_Work item_: Each line of the data below either holds "null" or does not. Report how many do, and only that.

_Records to use_:
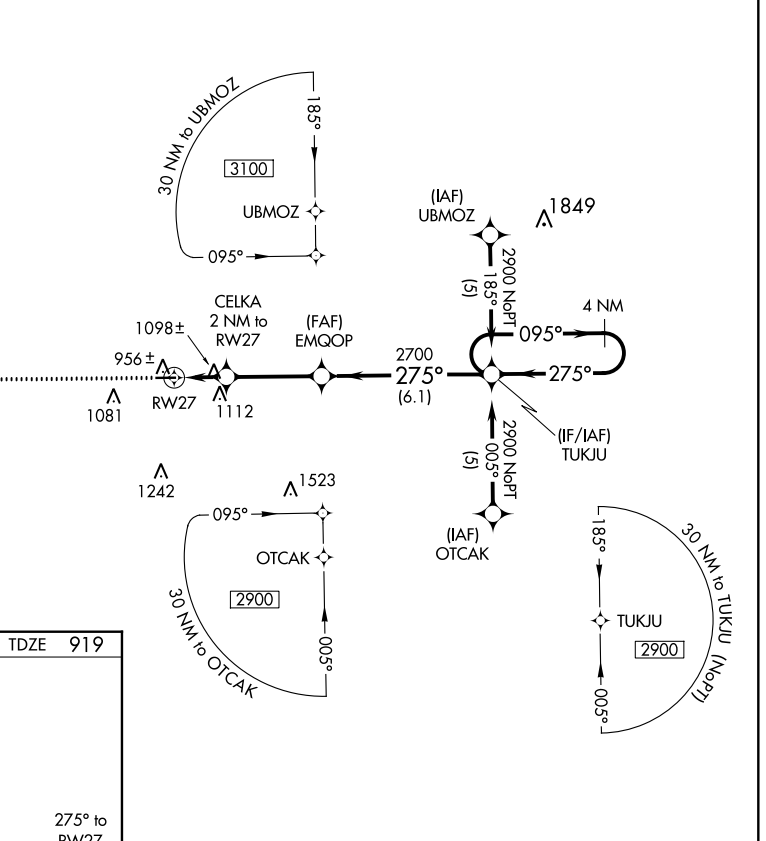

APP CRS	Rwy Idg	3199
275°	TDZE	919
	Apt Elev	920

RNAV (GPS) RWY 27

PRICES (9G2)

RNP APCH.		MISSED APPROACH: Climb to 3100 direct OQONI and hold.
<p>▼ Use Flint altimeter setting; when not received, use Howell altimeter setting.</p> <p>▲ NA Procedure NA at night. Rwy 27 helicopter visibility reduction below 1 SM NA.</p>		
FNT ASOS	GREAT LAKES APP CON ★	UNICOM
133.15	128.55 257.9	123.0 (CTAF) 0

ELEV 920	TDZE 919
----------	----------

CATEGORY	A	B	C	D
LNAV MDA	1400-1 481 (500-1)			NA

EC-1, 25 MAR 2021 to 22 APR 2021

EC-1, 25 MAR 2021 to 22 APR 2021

* * *

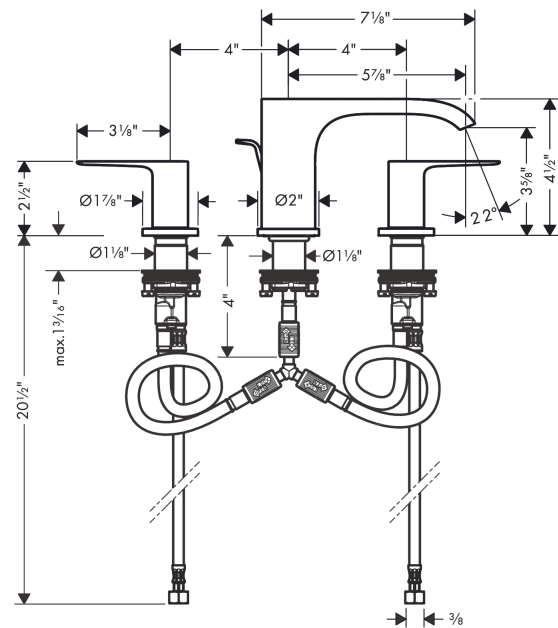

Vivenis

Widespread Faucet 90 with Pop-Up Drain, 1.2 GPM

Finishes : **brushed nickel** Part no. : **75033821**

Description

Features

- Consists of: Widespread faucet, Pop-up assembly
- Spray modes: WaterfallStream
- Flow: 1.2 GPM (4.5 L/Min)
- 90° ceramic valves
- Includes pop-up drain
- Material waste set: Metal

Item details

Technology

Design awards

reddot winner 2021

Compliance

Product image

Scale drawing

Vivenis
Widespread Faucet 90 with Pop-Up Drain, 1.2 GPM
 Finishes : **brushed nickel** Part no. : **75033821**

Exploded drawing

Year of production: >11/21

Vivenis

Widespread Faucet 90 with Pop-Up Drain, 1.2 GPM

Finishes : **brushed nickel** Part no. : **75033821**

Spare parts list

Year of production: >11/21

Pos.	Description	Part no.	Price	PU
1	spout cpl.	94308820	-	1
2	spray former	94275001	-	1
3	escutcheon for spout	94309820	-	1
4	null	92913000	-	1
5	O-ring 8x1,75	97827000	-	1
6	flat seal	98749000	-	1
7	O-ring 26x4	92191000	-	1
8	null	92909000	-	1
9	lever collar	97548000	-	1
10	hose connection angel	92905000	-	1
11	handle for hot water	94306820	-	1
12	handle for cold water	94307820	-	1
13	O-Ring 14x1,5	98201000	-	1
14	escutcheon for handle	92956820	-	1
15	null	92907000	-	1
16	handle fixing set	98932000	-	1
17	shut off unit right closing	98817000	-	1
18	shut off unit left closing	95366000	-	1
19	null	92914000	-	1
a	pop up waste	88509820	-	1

_Task result_: 4